I moved back north to be able to focus on my writing. I found a house just off a dirt road on a nice plot of land. It was affordable. It ran the odd combination of being a bit rundown but still well cared for. It was an old building -- an outbuilding of a farm that was converted into housing when the main farmhouse burned a half century ago. The farm was already diminished before the fire, and soon after, most of the family moved away, leaving just one member who refused to leave. She had stayed in the building that was now my home for nearly forty years. She cared for the house, but what is one woman against the forces of the forest and time?
I moved in the early spring, and once the mud dried up -- and I bought good bug spray -- I began to explore my surroundings.

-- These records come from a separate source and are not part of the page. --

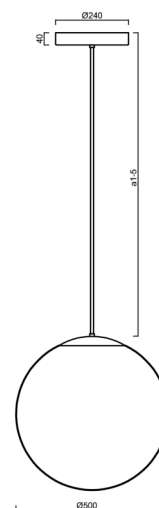

ADRIA P4 HP

LED-5L08E950Z11/098/a3/NK1W MS 3K##

WWW.OSMONT.CZ

ADRIA P4 HP

Product code: ADR72047

Type: LED-5L08E950Z11/098/a3/NK1W MS 3K##

Short description of the luminaire: Brass polished | pendant high-power LED light with emergency backup combined | TRIPLEX OPAL hand blown glass shade | rod pendant 60 cm |

Technical

Types of luminaires	Emergency combined
Mounting type	Suspended - rod
Base material	brass
Shade material	three-layer glass TRIPLEX OPAL
Base color	polished brass
Shade color	white
Holding the shade	steel holder
Mounting location	ceiling
Width	500 mm
Length	500 mm
Height	500 mm
Diameter	ø 500 mm
Hinge length	600 mm
mounting holes (diameter)	3xø5mm
Cable entrance	2xø16mm
Energy Class	D
Impact strength	IK01
Operating temperature	from 0°C to +30°C

*The warranty for the batteries is valid for 12 months from the date of purchase.

Installation dimensions:

Additional assortment:

Lampshade

Product code	Name	Color	Description	Picture	Drawing
20041	098	white	příslušenství

One of the first things I found was the cellar hole of the old farmhouse and, just beyond, two gravestones. Maybe there had been others, maybe not, but now, there were two.
When I approached, they were lichen covered and impossible to read. Out of respect -- and more than a bit of curiosity -- I did some quick internet research about cleaning old headstones. One sunny day, with a breeze to keep the bugs at bay, I took a bucket of clean water, a soft brush, and a cloth to try to clean these two stones up some. I had writer's block, and it was something to do to keep busy and not worrying about my lack of words on the page.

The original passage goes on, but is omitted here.